## EXERCISE
Omitting all images, transcribe the listing word for word.

## MATERIAL PROVIDED

#####

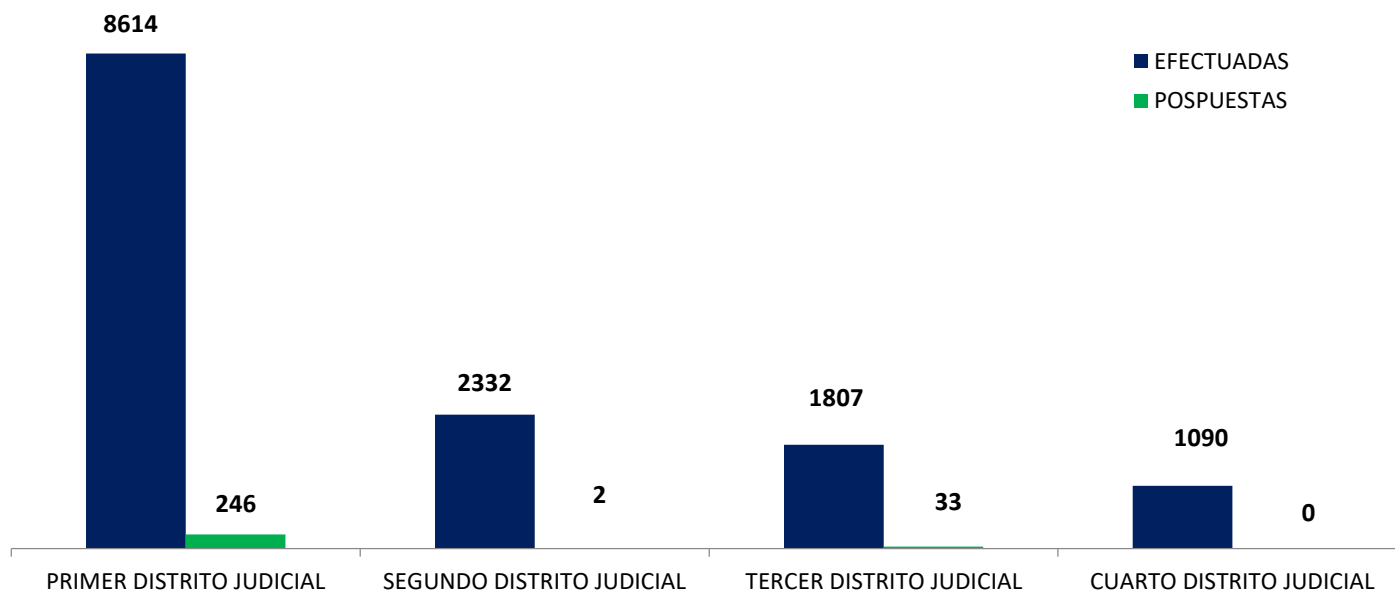

(P) se refiere a datos preliminares. Se incluye datos de Sistema Penal Acusatorio y Mixto Inquisitivo.

Fuente: Centro de Estadísticas del Ministerio Público. Sistema de Audiencias Interno.

MINISTERIO PÚBLICO  
PROCURADURÍA GENERAL DE LA NACIÓN  
GRÁFICO 1; PORCENTAJE DE AUDIENCIAS REGISTRADAS  
EN LA REPÚBLICA DE PANAMÁ, POR DISTRITO JUDICIAL  
01 AL 30 DE JUNIO DEL 2022

Fuente: Centro de Estadísticas del Ministerio Público. Sistema de Audiencias Interno
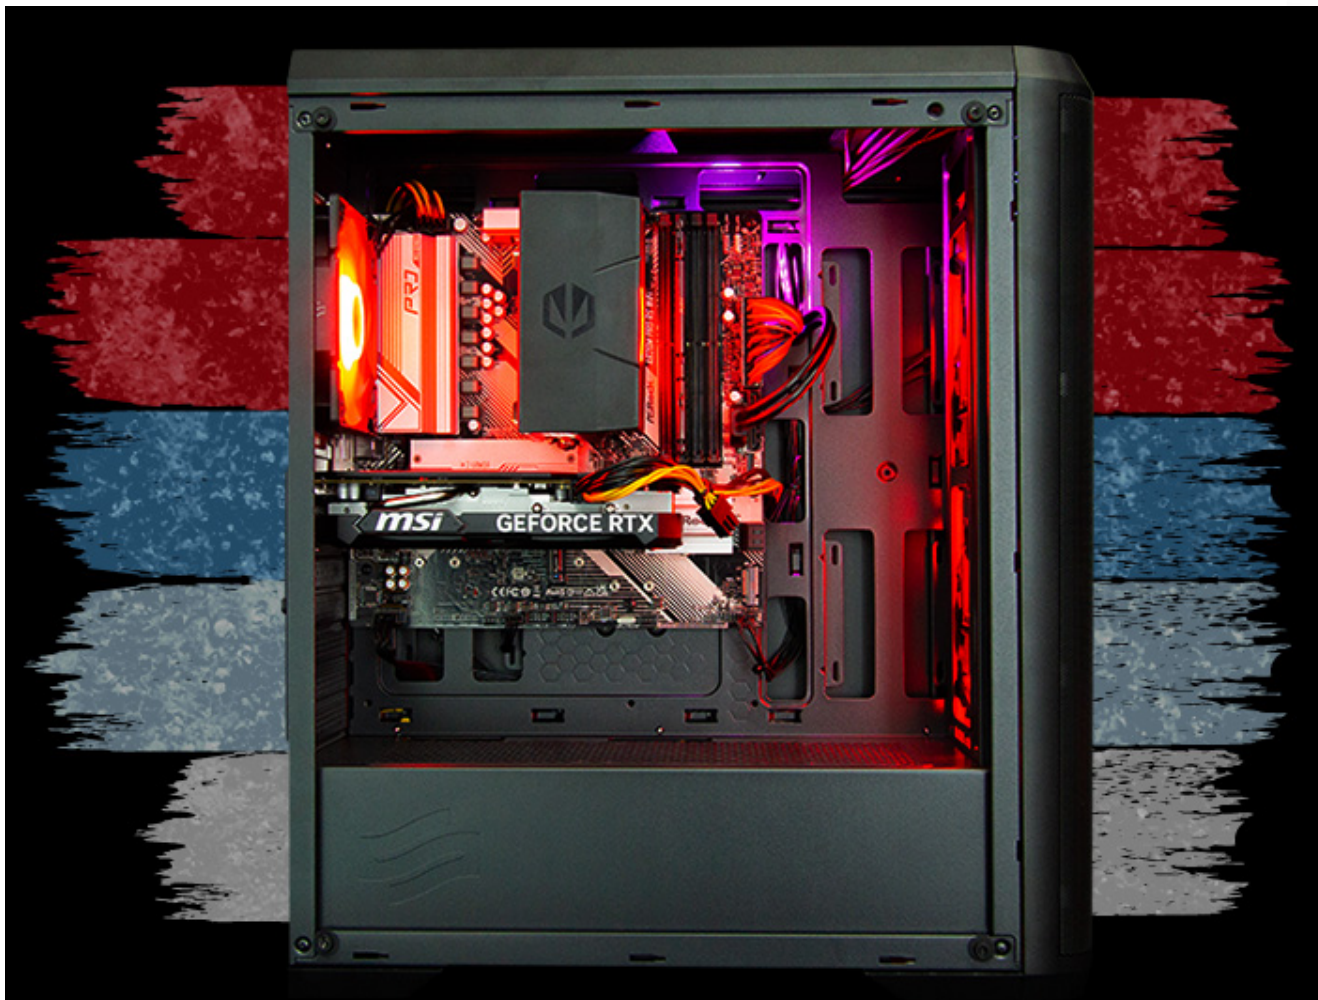

HAL3000 MČR Finale

Herní PC s AMD Ryzen 5 7500F a GeForce RTX 4060

AMD Ryzen 5 7500F

GeForce RTX 4060

Windows 11

3 roky záruky

HRAJ JAKO VÍTEŽ!

MČR FINALE PRO

HAL3000

Oficiální herní počítač Mistrovství ČR v počítačových hrách

Hraj na stejné sestavě jako šampioni MČR v počítačových hrách!

Výkonné šestijádrové CPU AMD Ryzen 5 7500F s turbem až 5GHz z nejnovější generace procesorů Zen 4 – přesně takový procesor, který ve svém PC potřebuješ! Grafika Nvidia RTX 4060 nabízí skvělý poměr výkonu a ceny při spotřebě pouhých 115 Wattů. Díky technologii DLSS 3 dosahuje až o 70 % vyššího výkonu než předchozí RTX 3060 – vyplatí se ji aktivovat v každé podporované hře. Nejnovější tituly ti poběží plynule s vysokými detaily a v onlinovkách si užiješ gaming bez kompromisů na rychlém 144Hz+ Full HD monitoru.

Sestava obsahuje 16GB DDR5 6000MHz paměti a bleskově rychlý 1TB PCIe 3.0 NVMe SSD disk, který je až 7x rychlejší než klasické SATA SSD. Konfigurace má integrovanou WiFi 6E kartu s podporou Bluetooth a stále více potřebný USB-C konektor na zadním panelu. Celá sestava je v designu MČR s elegantním ARGB podsvícením, které ovládneš jediným tlačítkem. PC nabízí tichý provoz a vysokou spolehlivost podpořenou 3letou zárukou se službou Bezstarostný servis HAL3000.

#####

## SOLUTION
(P) se refiere a datos preliminares. Se incluye datos de Sistema Penal Acusatorio y Mixto Inquisitivo.

Fuente: Centro de Estadísticas del Ministerio Público. Sistema de Audiencias Interno.

MINISTERIO PÚBLICO  
PROCURADURÍA GENERAL DE LA NACIÓN  
GRÁFICO 1; PORCENTAJE DE AUDIENCIAS REGISTRADAS  
EN LA REPÚBLICA DE PANAMÁ, POR DISTRITO JUDICIAL  
01 AL 30 DE JUNIO DEL 2022

Fuente: Centro de Estadísticas del Ministerio Público. Sistema de Audiencias Interno

HAL3000 MČR Finale

Herní PC s AMD Ryzen 5 7500F a GeForce RTX 4060

AMD Ryzen 5 7500F

GeForce RTX 4060

Windows 11

3 roky záruky

HRAJ JAKO VÍTEŽ!

MČR FINALE PRO

HAL3000

Oficiální herní počítač Mistrovství ČR v počítačových hrách

Hraj na stejné sestavě jako šampioni MČR v počítačových hrách!

Výkonné šestijádrové CPU AMD Ryzen 5 7500F s turbem až 5GHz z nejnovější generace procesorů Zen 4 – přesně takový procesor, který ve svém PC potřebuješ! Grafika Nvidia RTX 4060 nabízí skvělý poměr výkonu a ceny při spotřebě pouhých 115 Wattů. Díky technologii DLSS 3 dosahuje až o 70 % vyššího výkonu než předchozí RTX 3060 – vyplatí se ji aktivovat v každé podporované hře. Nejnovější tituly ti poběží plynule s vysokými detaily a v onlinovkách si užiješ gaming bez kompromisů na rychlém 144Hz+ Full HD monitoru.

Sestava obsahuje 16GB DDR5 6000MHz paměti a bleskově rychlý 1TB PCIe 3.0 NVMe SSD disk, který je až 7x rychlejší než klasické SATA SSD. Konfigurace má integrovanou WiFi 6E kartu s podporou Bluetooth a stále více potřebný USB-C konektor na zadním panelu. Celá sestava je v designu MČR s elegantním ARGB podsvícením, které ovládneš jediným tlačítkem. PC nabízí tichý provoz a vysokou spolehlivost podpořenou 3letou zárukou se službou Bezstarostný servis HAL3000.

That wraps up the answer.